I think the most important thing will be having a pow wow with the ansul company, inspector, fire marshall, engineer, my boss AND the forest service. Sounds like fun, eh? If you've never worked with the USDA forest service....don't. They can make things.... fun! Thank you guys, this is the only forum on the web worth a damn.
 

rambojoe

Senior Member
Location
phoenix az
Occupation
Wireman
crap... forgot that we turn off the generator every night at 9:30. that'll make the gas control relay/reset sorta interesting. again, you guys are awesome.
 

gadfly56

Senior Member
Location
New Jersey
Occupation
Professional Engineer, Fire & Life Safety
ill be up in the sierra nevadas caretaking the running of a adventure camp for kids- 6500' , completely off the grid. and the forest service wants the ansul system changed :( ill be recording the mean sum of notes posted here.

I think the most important thing will be having a pow wow with the ansul company, inspector, fire marshall, engineer, my boss AND the forest service. Sounds like fun, eh? If you've never worked with the USDA forest service....don't. They can make things.... fun! Thank you guys, this is the only forum on the web worth a damn.
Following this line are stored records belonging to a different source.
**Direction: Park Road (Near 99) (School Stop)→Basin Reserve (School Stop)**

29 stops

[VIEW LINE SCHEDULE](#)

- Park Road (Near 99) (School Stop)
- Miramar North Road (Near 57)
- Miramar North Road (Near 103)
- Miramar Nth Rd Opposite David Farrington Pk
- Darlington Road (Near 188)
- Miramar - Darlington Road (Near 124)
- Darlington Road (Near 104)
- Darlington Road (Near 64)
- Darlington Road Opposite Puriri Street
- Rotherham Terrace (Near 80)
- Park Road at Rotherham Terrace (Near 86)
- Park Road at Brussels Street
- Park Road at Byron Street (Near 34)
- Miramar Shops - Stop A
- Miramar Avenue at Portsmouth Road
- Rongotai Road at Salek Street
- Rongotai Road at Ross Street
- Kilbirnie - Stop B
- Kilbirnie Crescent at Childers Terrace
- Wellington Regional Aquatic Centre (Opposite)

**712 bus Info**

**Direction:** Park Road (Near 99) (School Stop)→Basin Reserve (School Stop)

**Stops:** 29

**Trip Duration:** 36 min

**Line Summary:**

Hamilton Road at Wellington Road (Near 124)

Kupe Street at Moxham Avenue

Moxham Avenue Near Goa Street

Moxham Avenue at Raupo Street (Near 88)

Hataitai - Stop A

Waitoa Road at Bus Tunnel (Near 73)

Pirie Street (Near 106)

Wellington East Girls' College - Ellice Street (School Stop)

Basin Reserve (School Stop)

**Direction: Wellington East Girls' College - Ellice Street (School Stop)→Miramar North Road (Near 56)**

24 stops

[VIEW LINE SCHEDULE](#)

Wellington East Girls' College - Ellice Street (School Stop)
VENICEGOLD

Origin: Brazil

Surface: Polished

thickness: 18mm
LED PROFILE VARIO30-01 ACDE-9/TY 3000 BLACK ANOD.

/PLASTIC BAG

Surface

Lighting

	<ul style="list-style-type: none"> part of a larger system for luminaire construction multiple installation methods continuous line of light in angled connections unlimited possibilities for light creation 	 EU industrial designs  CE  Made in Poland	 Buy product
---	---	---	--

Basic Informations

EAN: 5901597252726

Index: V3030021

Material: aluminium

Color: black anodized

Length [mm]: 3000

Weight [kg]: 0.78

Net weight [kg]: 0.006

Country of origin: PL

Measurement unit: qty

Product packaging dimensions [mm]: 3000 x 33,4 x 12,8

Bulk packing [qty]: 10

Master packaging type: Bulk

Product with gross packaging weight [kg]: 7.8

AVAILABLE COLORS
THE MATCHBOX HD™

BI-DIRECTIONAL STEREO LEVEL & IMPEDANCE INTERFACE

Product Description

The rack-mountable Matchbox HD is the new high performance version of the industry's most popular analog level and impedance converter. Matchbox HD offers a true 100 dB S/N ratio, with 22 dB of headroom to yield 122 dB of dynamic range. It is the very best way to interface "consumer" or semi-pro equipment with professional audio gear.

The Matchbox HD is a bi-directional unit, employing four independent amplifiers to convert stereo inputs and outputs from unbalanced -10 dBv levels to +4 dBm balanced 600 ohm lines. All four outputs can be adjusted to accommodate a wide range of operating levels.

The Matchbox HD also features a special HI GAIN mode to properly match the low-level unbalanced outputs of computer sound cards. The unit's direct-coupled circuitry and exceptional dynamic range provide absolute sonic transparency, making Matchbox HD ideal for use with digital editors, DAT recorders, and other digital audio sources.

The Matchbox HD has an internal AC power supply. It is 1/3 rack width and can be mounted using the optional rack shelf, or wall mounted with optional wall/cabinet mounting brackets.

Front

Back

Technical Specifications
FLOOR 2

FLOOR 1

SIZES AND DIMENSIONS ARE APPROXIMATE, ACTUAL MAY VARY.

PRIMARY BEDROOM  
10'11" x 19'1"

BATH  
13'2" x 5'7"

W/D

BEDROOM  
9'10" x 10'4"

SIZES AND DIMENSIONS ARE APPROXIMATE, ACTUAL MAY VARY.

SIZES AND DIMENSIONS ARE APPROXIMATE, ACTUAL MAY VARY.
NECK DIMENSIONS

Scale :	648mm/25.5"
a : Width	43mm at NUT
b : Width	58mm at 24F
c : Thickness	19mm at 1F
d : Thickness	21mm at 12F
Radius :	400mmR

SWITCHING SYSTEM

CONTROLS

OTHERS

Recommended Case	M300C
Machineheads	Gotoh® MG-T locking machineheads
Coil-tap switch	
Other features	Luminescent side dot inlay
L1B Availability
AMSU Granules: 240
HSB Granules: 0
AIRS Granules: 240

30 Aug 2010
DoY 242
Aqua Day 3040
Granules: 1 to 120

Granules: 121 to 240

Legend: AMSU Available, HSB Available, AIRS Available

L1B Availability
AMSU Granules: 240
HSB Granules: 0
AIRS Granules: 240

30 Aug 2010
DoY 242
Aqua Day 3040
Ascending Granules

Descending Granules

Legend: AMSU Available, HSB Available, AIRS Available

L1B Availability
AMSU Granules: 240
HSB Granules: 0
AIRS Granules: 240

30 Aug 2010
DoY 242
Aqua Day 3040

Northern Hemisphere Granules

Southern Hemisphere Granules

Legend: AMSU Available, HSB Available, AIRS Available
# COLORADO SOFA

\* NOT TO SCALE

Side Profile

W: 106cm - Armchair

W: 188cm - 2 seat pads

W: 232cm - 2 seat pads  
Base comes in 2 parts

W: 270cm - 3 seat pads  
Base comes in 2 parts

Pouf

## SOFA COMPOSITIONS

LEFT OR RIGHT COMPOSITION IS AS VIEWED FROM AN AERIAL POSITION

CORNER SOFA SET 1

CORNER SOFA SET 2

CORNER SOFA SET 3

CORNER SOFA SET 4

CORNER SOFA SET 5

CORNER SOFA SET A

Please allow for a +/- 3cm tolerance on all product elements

Enjoy your high mountain adventure!

When you say they want the Ansul system "changed", did you mean "charged" or "replaced"? And is it an actual Ansul system or one of the others folks refer to as "Ansul" - Kidde, Badger, Buckeye, Range Guard, Amerex, Pyro-Chem, ProTex, etc? I have personal experience servicing all of them and have designed about 100 installations using Kidde or Buckeye. If the moderators don't mind you can use this thread to ask questions and I hope the answers (assuming I have them!) will be useful to other members. Or PM me if you'd rather.
 

rambojoe

Senior Member
Location
phoenix az
Occupation
Wireman
Enjoy your high mountain adventure!

When you say they want the Ansul system "changed", did you mean "charged" or "replaced"? And is it an actual Ansul system or one of the others folks refer to as "Ansul" - Kidde, Badger, Buckeye, Range Guard, Amerex, Pyro-Chem, ProTex, etc? I have personal experience servicing all of them and have designed about 100 installations using Kidde or Buckeye. If the moderators don't mind you can use this thread to ask questions and I hope the answers (assuming I have them!) will be useful to other members. Or PM me if you'd rather.

its a old stand alone ansul if you will, just a couple of jets at the hood and a shutoff at gas. i did catch wind of one ahj saying all power in kitchen needs to be shut off. i bet the boss missunderstood! i do know ill get the control box and make life easy...no service up there but ill contact you if needed! thank you
 

kwired

Electron manager
Location
NE Nebraska
The micro-switch is a mechanical relay. It receives an outside "signal", changes state, and can open or close an electrical circuit.

You are correct about wiring outside the controller box; this is true for every system out there.

Using a shunt trip for the shut down of electrical power is common, but I prefer a contactor.

The manual reset relay box is very important. As you point out, if there are standing pilots and you get an off-hours power blip you could otherwise wind up on the early morning news.
If a standing pilot goes out then the thermocouple (or other pilot monitor) should close the pilot valve.